Quality vid, keep it simple. 👍
Hey man .. I have a ktm xcw 300 2021... i have play between my basket and crank gear . Causing chatter.. do you have any insight about that ???? The gear looks normal .. the Crank gear looks normal .
There should be a little play there and it’s normal to hear the rattle when the clutch is out.
@ChuckfromTrueTech in the rehluse book. It says to check the rubber isolaters by hand . I did. There was no movement.. however I put the inner hub back on to the input shaft and then tried to move it .. yes that's when I found alot of play in those rubber bushings . Like 1/4 inch play . I ordered rekluse bushings . Next week I get to see if most of my rattle goes away ...
Hi, after watching your video I decided to do it myself ;) .. But ... after i put everything together the clutch is gone..I disassembled and reassembled everything from the beginning, but the problem remained. Any guesses as to what could be causing the problem?
The pressure plate is most likely hung up on the 6 pins that hold the steel plates in place.
Hey chuck, i just switched my clutch plates checked the basket groves and dampers, reverse bleeded and inspected the lower clutch cylinder and all look good. the bike still drag what could possibly be the reason ? exc 250 2t tpi
I don’t find reverse bleeding to work well, but I assume you’ve got good pressure at the lever? Do you have a 9 or 10 mm master? What oil are you running? Have you checked the clutch spring deflection as it shows in the manual?

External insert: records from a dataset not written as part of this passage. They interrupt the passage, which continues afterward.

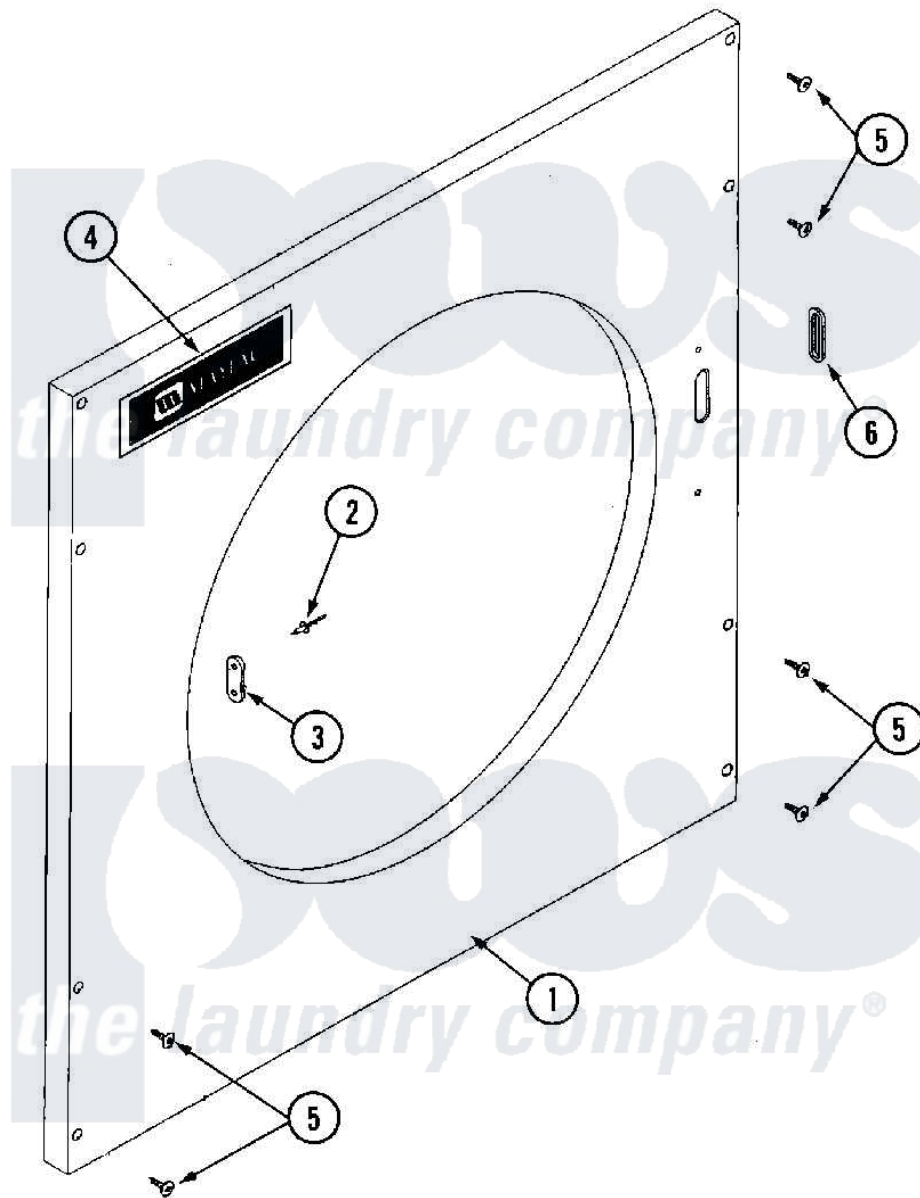

Maytag MLG32PDAWA 03 - UPPER FRONT PANEL ASSEMBLY

Maytag [Commercial Maytag MLG32PDAWA Dryer Parts](#) Parts Diagram 03 - UPPER FRONT PANEL ASSEMBLY
 Click on the part number to view part

Item	Original Part Number	Replaced By	Status	Part Description
000	W10124350		Not Available	ORDER PARTS FROM AMERICAN DRYER CORP AT 508-678-9000
001	A881973	881973		White 320
"	A881974		Not Available	PANEL, FRONT (UPR-ALM)
"	A882182	W10148628		Bisque 320
002	A154215	154215		5 32 X 1 4
003	A170330		Not Available	LATCH, DOOR (FRICTION)
004	A311122	W10146808		Ad330-435
"	A882027	W10148564		Maytag Log
005	A150309	W10146761		10-16 X 1
006	A121405	121405		Rubber Gro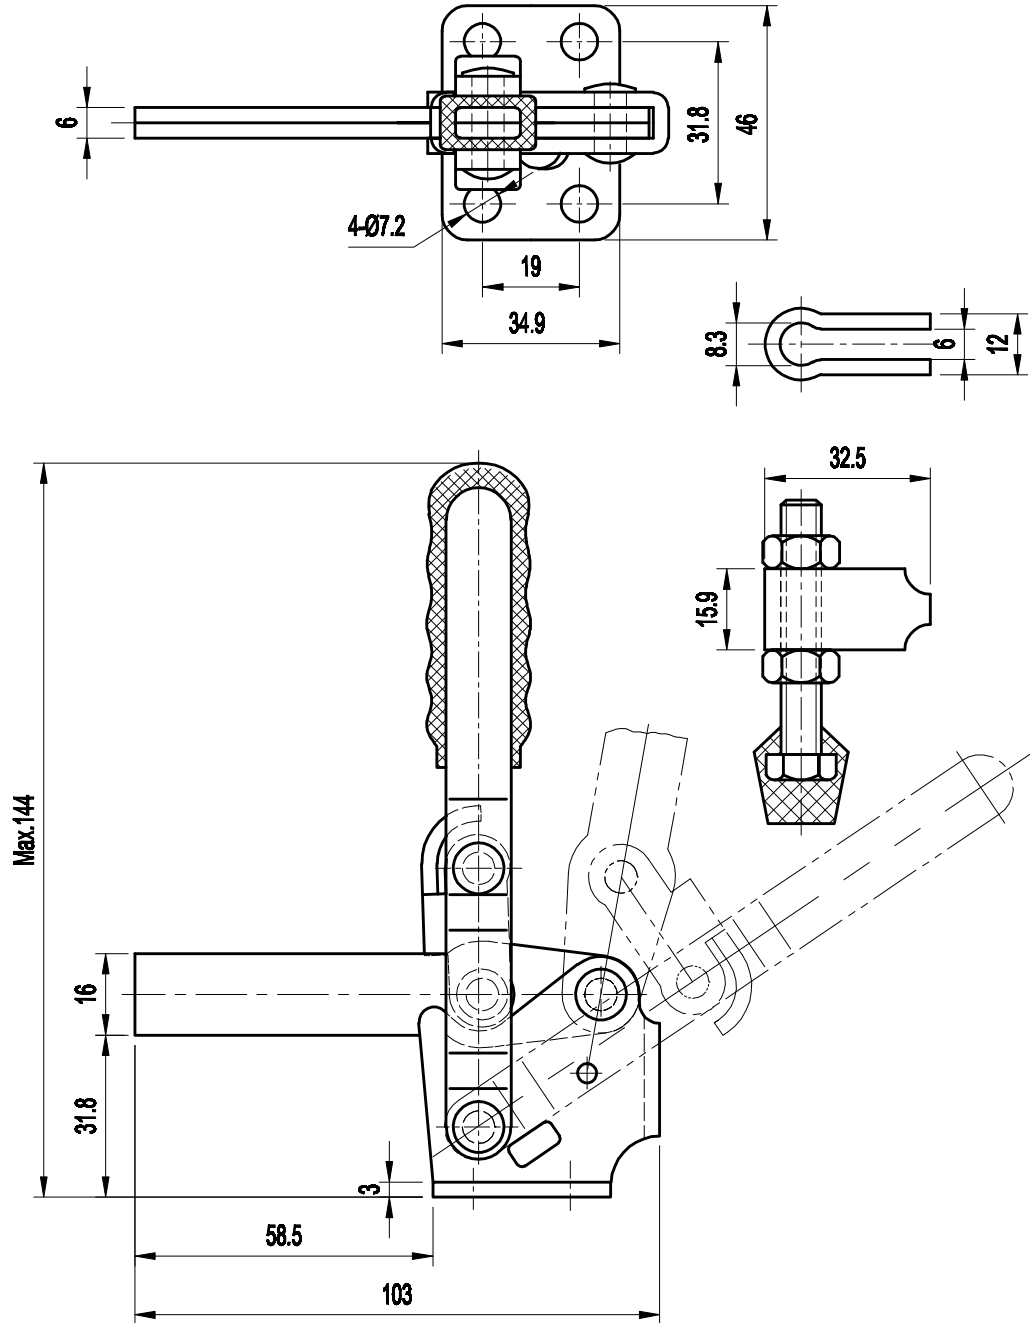

PART NUMBER: CH-12140

BAR OPENS: 100°
HANDLE OPENS: 60°
SPINDLE SUPPLIED: CH-FC-56212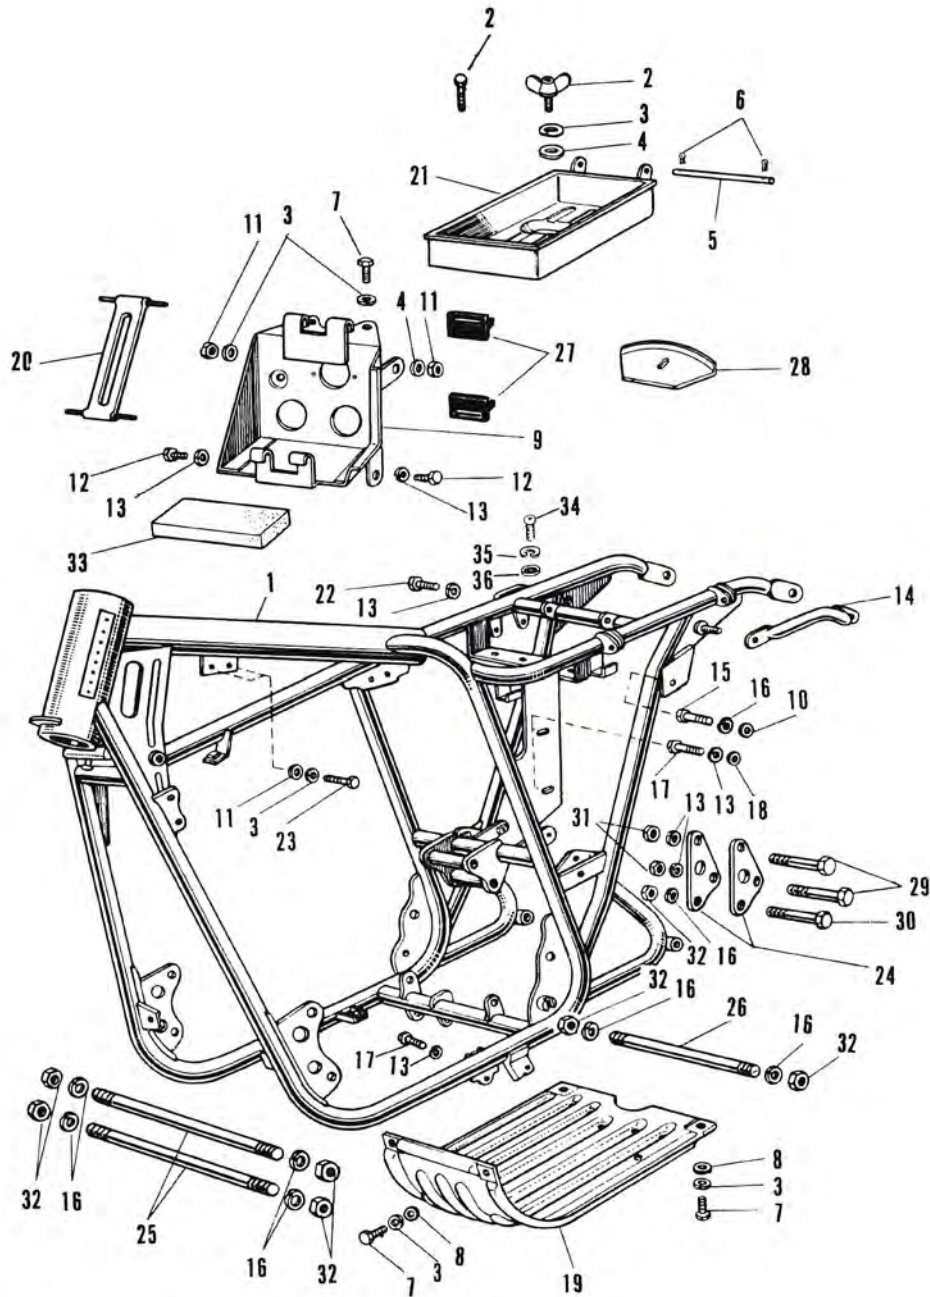

A-SERIES

13-3. Battery, Engine Bracket (1/2)

13-3. Battery, Engine Bracket (1/2)

Ref. No.	D.P. No.	New Part No. (Old Part No.)	Part Name	Quantity				Remarks
				A1	A1SS	A7	A7SS	
1	1135937	32002-028	Frame Complete	1	1	1	1	
2	1017535	92001-034	Wing Bolt	(1)	(1)	(1)	(1)	
	1052578	(A1320-1337) 220B0612	WHN EXH USE 220B0612 6 x 12 Pan Head Screw	1	1	1	1	
3	1065122	461F0600	6 m/m Spring Washer	8	12	8	12	
4	1064827	411B0600	6 m/m Plain Washer	2	2	2	2	
5	1025856	92043-020	Oil Tank Shaft	1	1	1	1	
		(B1080-4523)						
6	1067192	550D1610	1.6 x 10 Cotter Pin	2	2	2	2	
7	1042459	110B0612	6 x 12 Hex Head Bolt	2	6	2	6	
8	1064703	411B0600	6 m/m Plain Washer	4	4	4	4	
9	1017519	32097-004	Battery Box	1	1	1	1	
		(A1320-1333)						
10	1064746	410B1000	10 m/m Plain Washer		1		1	
11	1054872	310B0600	6 m/m Nut	6	6	6	6	
12	1042645	110B0816	8 x 16 Hex Head Bolt	2	2	2	2	
13	1065149	461F0800	8 m/m Spring Washer	7	7	7	7	
14	1017543	32109-004	Frame Grip	1	1	1	1	
		(A1320-1341)						
15	1043277	113B1025	10 x 25 Hex Head Bolt		1		1	
16	1065157	461F1000	10 m/m Spring Washer	7	8	7	8	
17	1042653	110B0818	8 x 18 Hex Head Bolt	2	2	2	2	
18	1064835	411B0800	8 m/m Plain Washer		2		2	
19	1017667	55011-005	Engine Guard		1		1	
		(A1320-6801)						
20	1017497	92072-015	Battery Band	1	1	1	1	
		(A1320-1331)						
21	1017527	32098-002	Tool Box	1	1	1	1	
		(A1320-1336)						
22	1043617	114B0816	8 x 16 Hex Head Bolt	1	1	1	1	
23	1042572	110B0636	6 x 36 Hex Head Bolt	4	4	4	4	
24	1014307	32030-006	Engine Rear Holder Plate	2	2	2	2	
		(A1020-1311)						
25	1014315	92091-002	Engine Upper Mounting Bolt	2	2	2	2	
		(A1020-1312)						
26	1014323	92091-003	Engine Lower Mounting Bolt	1	1	1	1	
		(A1020-1313)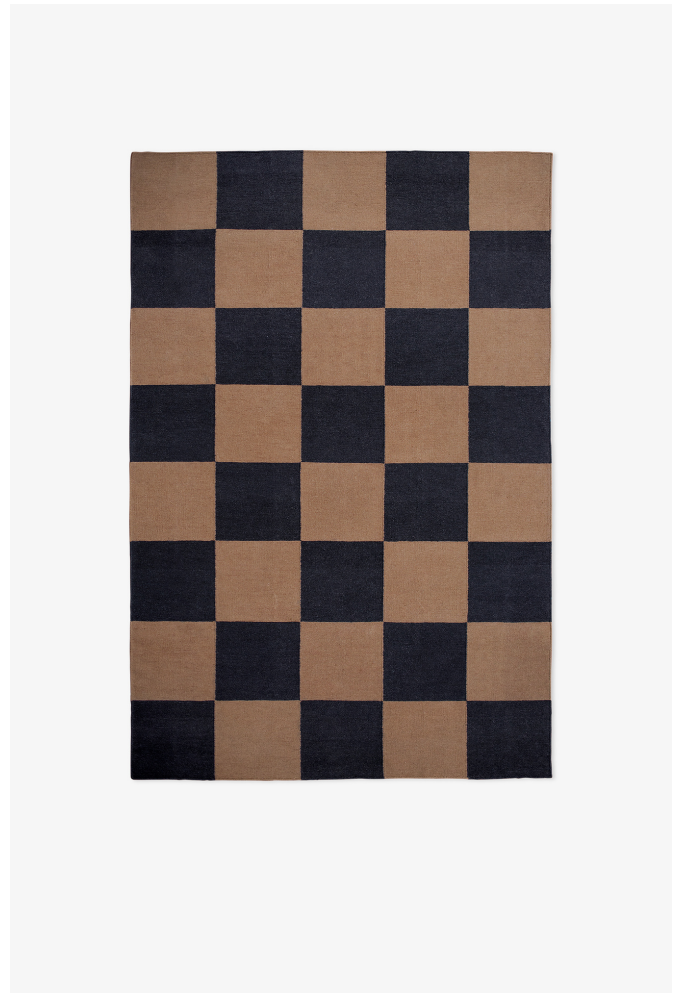

NORDIC KNOTS

SQUARE - TOBACCO - 140X200 CM

Square: the epitome of contemporary cool with an eclectic twist. This graphic flat weave rug, crafted from the finest New Zealand wool, effortlessly enhances any space—whether a sleek urban loft or a charming country home. Available in an array of captivating colors. Tobacco: Rich and nostalgic, bringing warmth and depth to your decor.

COLORS: Brown, Green, Red, Blue, White, Yellow, Pink

SIZES:

2.5'x9'

2.5'x12'

2.5'x16'

5'x8'

6'x9'

8'x10'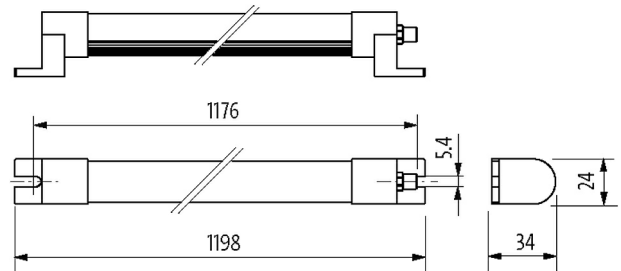

Modlight Illumix Slim Line 32W

LED machine lamp, IP54, 24VDC, M8 connection

Modlight Illumix Slim Line
32 W

Link to Product

Illustration

Product may differ from Image

Technical Data

Operating voltage	24 V DC (21.6...27.6 V DC)
No. of poles	4-pole
Coding	A-coded
Connection	M8 (male)
Luminaire light yield	approx. 105 lm/W
Luminaire light current	approx. 3360 lm
Color reproduction (Ra)	> 80
Light color	Daylight white, approx. 5500 K
Lighting angle	> 120°
Input current	32 W

General data

Mounting method	rotatable
Temperature range	-30...+50 °C
Material (housing)	Anodized aluminum
Material (light cover)	Diffuse polystyrene (PS)
Installation altitude	Operation up to 2 000 m
Vibration stress	2...9 Hz/10 mm; 9...200 Hz/3 g
Screw head-Ø	max. 12 mm/M5
Relative humidity	5...95%
Protection	IP54
Dimensions H×W×D	34×1198×24 mm (1.34×47.17×0.94 in)
Shock load	50 g, 11 ms

Commercial data

country of origin	DE
customs tariff number	94054231
EAN	4048879670777

eClass	27110306
Packaging unit	1.000

@@ChuckfromTrueTech the lever have good pressure with minimum play, 10mm master, using motorex top speed 15/50 oil and theres no deflection.
when the bike is warm in 2nd gear i can barley push him backwards.
ty for your quick answer didnt expect that
@@Ftchoola Is this happening with the bike running or with the engine off?
@@ChuckfromTrueTech while running with good warm up.
but why clutch dumpers can cause clutch drag?
They allow the clutch to chatter, which causes jerking at low rpm.
That was pro. Great vid.
I looove wrenching on my bike, so I bought a KTM.
What are the symptoms?
Dragging & lurching at low RPM.
@@ChuckfromTrueTech like Jerky right? Sometimes i get a clutch slip and its not sp grippy anymore. I have new dampers now, should i put the adjustment on notch 3 for good measure? Its 501 2021 that has been clutch hed up to wheelie 1 million times since 21.